This repository is an official implementation for GameTag, which can generate sequence tags for MS/MS with cooperative game learning algorithm.
Please send any questions, comments or bug reports to feizhengcong@ict.ac.cn.
GameTag is a sequence tag generation tool for MS/MS specra. GameTag accepts MS/MS spectra in the format of mgf, which can be transformed from other formats by Open-pFind.
- Python 3
- numpy
- PyTorch (>1.0)
In this section, we provide a simple test to familiarize yourself with basic operations.
- Get the spectrum datasets you need to identify. Here, you can use a small dataset named human.mgf which can unzip from human.zip. This dataset is randomly selected from Mann-Human dataset (~ 5000+ spectra). You should put this dataset to file path:
/data / human.mgf
- Get the trained model provided by us in the file path:
/data / CKPT
Actually, you don't need do anything, just take a check at this checkpoint.
- Use the GameTag model to deal with the dataset. You can just input the CMD as:
python inference.py
Yes! you can find the tool operating and the final identification results can be found in:
/data / res.txt
The formation of res.txt is: spectrum id + extracted tags.
In this section, we will introduce the parameter setting in detail and customize the model you need in real application.
-
You should prepare the dataset whose formation is cosistent with human.mgf provided by us.
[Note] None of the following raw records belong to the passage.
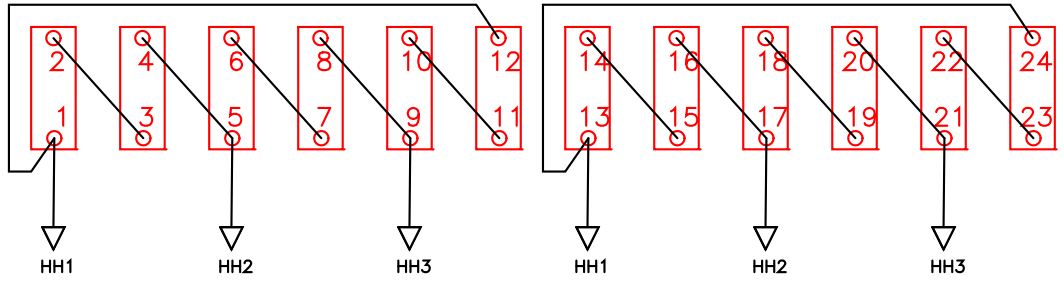

480 VAC, 60 AMP  
3PH, 60 HZ

HEATER HOOKUP

DFJ-60  
60 AMP  
3 PCS.

MANUAL MOTOR STARTER MMS

POWER  
OFF ON

GREEN

30 KW  
HEATER

DATE:  
03/31/08

WEATHERFORD  
480 VAC, 3 PH., NEMA 4

JOB NO.  
J-104308

Apprvd.  
R.B.

BENKO PRODUCTS INC.

5350 Evergreen Pkwy, Sheffield Village, Oh 44054

In fact, this is a very common form can be generated by, i.e., Open-pFind.
-
A trained model is needed, you can employ the CKPT provided by us or trained by yourself (see next section).
-
Utilize the trained model to deal with your dataset. For convenience, two approaches are both available.
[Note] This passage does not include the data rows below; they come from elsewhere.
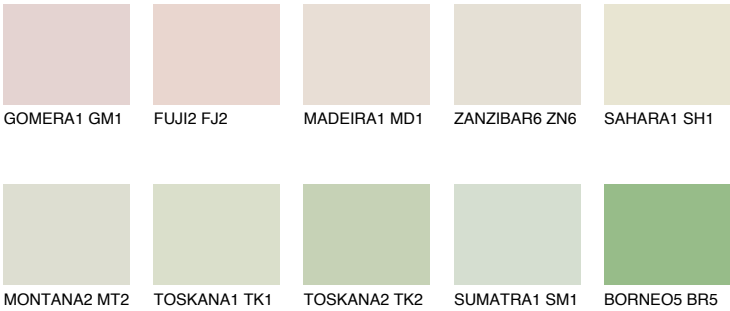

TUNDRA1 TD1

74% **TSR** 68%

Matching colours

COLOURS

INTENSE

For more information on plasters and paints, go to www.ceresit.lv

*The presented colours refer to plasters and paints offered by Ceresit. Due to the use of digital techniques, the presented colours might not represent the original ones, thus they cannot be considered as a reliable colour presentation. We recommend checking the authentic colour samples.

a) CMD to determine the information:
python inference.py --mgf_path [mgf] --model_path [model] --res_path [result]
where --mgf_path denotes the path to the mgf file which we want to extract tag sequences, --model_path dentoes the path to trained model, and --res_path denotes the path to store the identification results. Take the simple test as example, we can write the command as:
python inference.py --mgf_path /data/human.mgf --model_path /data/CKPT --res_path /data/res.txt
b) change the python file:
you can open the inference.py file, just change the parameter setting sections.
for example, in the inference.py line 6-14:
# ------------------------------------------------------------------
# parameter setting
# path to the CKPT
model_path = './data/CKPT'
# path to the mgf which we want to extract tag
mgf_path = './data/human.mgf'
# path to store the results
res_path = './data/res.txt'
# ------------------------------------------------------------------
Just change the above variables and run the CMD:
python inference.py
Please note the above two approaches are completely equivalent, just select the one you like.
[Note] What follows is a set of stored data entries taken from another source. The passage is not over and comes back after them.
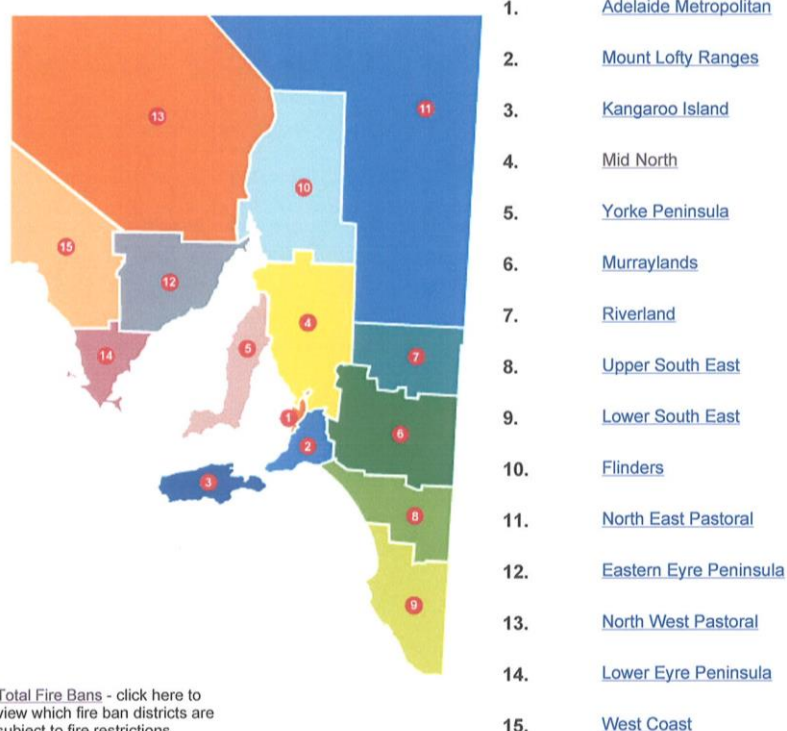

However, **School bus services travelling through the affected Fire Ban District (Catastrophic rating) will not run**. With any cancellation of bus services parent/caregivers will need to decide how students will travel to school.

Jamestown Community School parents will be advised where possible of bus service cancellations the day before forecast Catastrophic weather conditions in the Mid North Fire Ban District. (This notification is given to schools by 4.00pm the day before, school contact will be via text message, email or Flexischools – school communication app).

The Jamestown Community School bus services for Belalie North, Washpool, Whyte Yarcowie and Mannanarie are all within the Mid North Fire Ban District.

The Appila/Caltowie bus service travels in both the Mid North and Flinders Fire Ban Districts, hence will run on a modified route within Mid North Fire District, when Flinders only is declared catastrophic. Parents of the Appila bus route have been notified of the modified route.

The DfE website has resources for families to prepare for the bushfire season. <https://www.education.sa.gov.au/parents-and-families> Follow the button called 'Safety and Wellbeing' > Bushfires. DfE has a Bushfire hotline which parents can access for information about any fire which is in a school's area of concern. **The number is: 1800 000 279.**

Kelly Zwar
Principal
15th November 2022

Fire Ban Districts

For more information go to the CFS website: www.cfs.sa.gov.au to view fire ban information and fire ban districts.

Finally, we can find the results in the result file you specified.
If you need to customize your own model, you can refer to this section. In short, you are supposed to prepare the annotated training dataset and fine tune the GameTag model. To be specific, we can:
- prepare the mgf dataset and label it with open-pfind. Of course, you can use other tools, such as PEAKS and MSFragger. At this point, you will hold two files, the mgf file and identification results from Open-pFind that serve as ground-truth. If you want to use the interaction of results from the three, just put the results file in the same file direction and run the cmd:
python data_label_union.py
The formation of results file is consistent with Open-pFind, that is 1-th column and 5-th column are spectrum id and peptide sequence.
- construct the training dataset according to the above two files. Run the cmd as:
python label_dataset.py
The training dataset is stored in the /data and named as labeled_tag.pkl by default.
- open the train.py python file, and modify the parameters such as where to store your trained model and tag length. Please note that if you want to change any parameters for any setting, just open the python file and you will find the parameter setting section in the top. Run the cmd as:
python train.py
After several iterations, we can find the best model in the /data directions. Multiple models may be saved and feel free to use anyone you like.
For the convenience of re-implementation, we also provide the mgf datasets (password: j9pd) and labeled dataset (password: 7jbc) used in our experiments.